Body-jarring moves are part of the game for football players, wrestlers and others who play contact sports. They're also the most common cause of "stingers," painful electrical sensations radiating through one of the arms. These painful injuries affect the nerves in the neck and shoulders, or those in the neck that branch off from the spinal cord, according to the North American Spine Society (NASS).
Although a stinger is usually a spine injury, it is never a spinal cord injury.
Stingers occur when the shoulder and head go in opposite directions, the head is moved quickly to one side, or the area above the collarbone is hit. The injury occurs in one of two ways: A nerve off the spinal cord in the neck is compressed as the head is forced backward and toward that side, or the nerves in the neck and shoulder are over-stretched as the head is forced sideways, away from the shoulder.
You may feel a sudden burning or stinging pain in your arm or between your neck and shoulder. Your shoulder or arm may be tingly, weak or numb. It also may feel like electrical sensations are radiating down one of your arms. Symptoms rarely last more than a few seconds or minutes.
If you have any of these symptoms, see your doctor right away, the NASS says. Untreated stingers can get better, but nerve damage and muscle weakness can linger. Another injury is more likely, too. Multiple stingers cause permanent nerve damage and weakness.
Stingers don't affect both arms at the same time, although each arm can be affected with different injuries. If you have pain in both arms at the same time after a neck injury, you may have a spinal cord injury. This requires a much different treatment plan.

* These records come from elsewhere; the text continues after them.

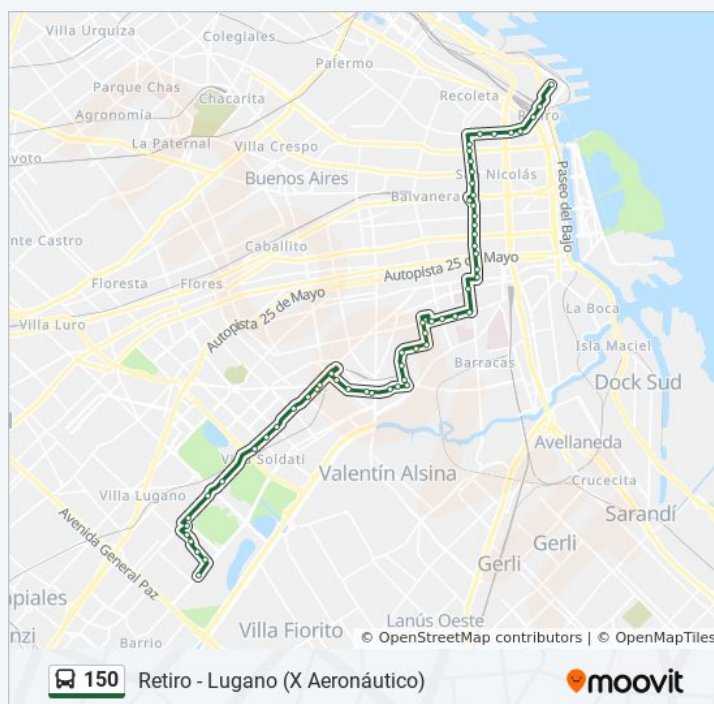

Retiro - Lugano (X Aeronáutico) Horario de ruta:

lunes	0:00 - 23:00
martes	0:00 - 23:00
miércoles	0:00 - 23:00
jueves	0:00 - 23:00
viernes	0:00 - 23:00
sábado	0:56 - 23:40
domingo	2:45 - 23:50

Información de la línea 150 de colectivo

Dirección: Retiro - Lugano (X Aeronáutico)

Paradas: 58

Duración del viaje: 64 min

Resumen de la línea:

Hospital Udaondo (133 - 150)

Parque Ameghino (91 - 150)

Avenida Caseros Y Avenida Jujuy (91 - 150)

Avenida Caseros Y Esteban De Luca (25 - 65 -
91 - 150)

The pain and muscle weakness caused by stingers typically are treated with ice, then with anti-inflammatory medication and heat. You also need to rest until symptoms go away. If the pain lasts more than a few weeks, your doctor may order further tests to assess nerve damage. You may need a cervical collar to prevent more nerve irritation, traction to relieve pressure on nerves or injections of cortisone to reduce inflammation.
Surgery is only considered if the injured nerve is severely compressed by a herniated disc or bone spur and there is severe lasting pain or worsening weakness.
You shouldn't play again until the pain is gone, you have full range of motion in your neck, testing does not show nerve damage or nerve compression, and you have been reconditioned for play. Your playing technique and equipment should be reviewed to see if improvements can protect you from further injury. If you've had a stinger, don't get "burned" again. Strengthening your neck muscles or correcting chronic problems with your posture is the best way to help prevent future injury.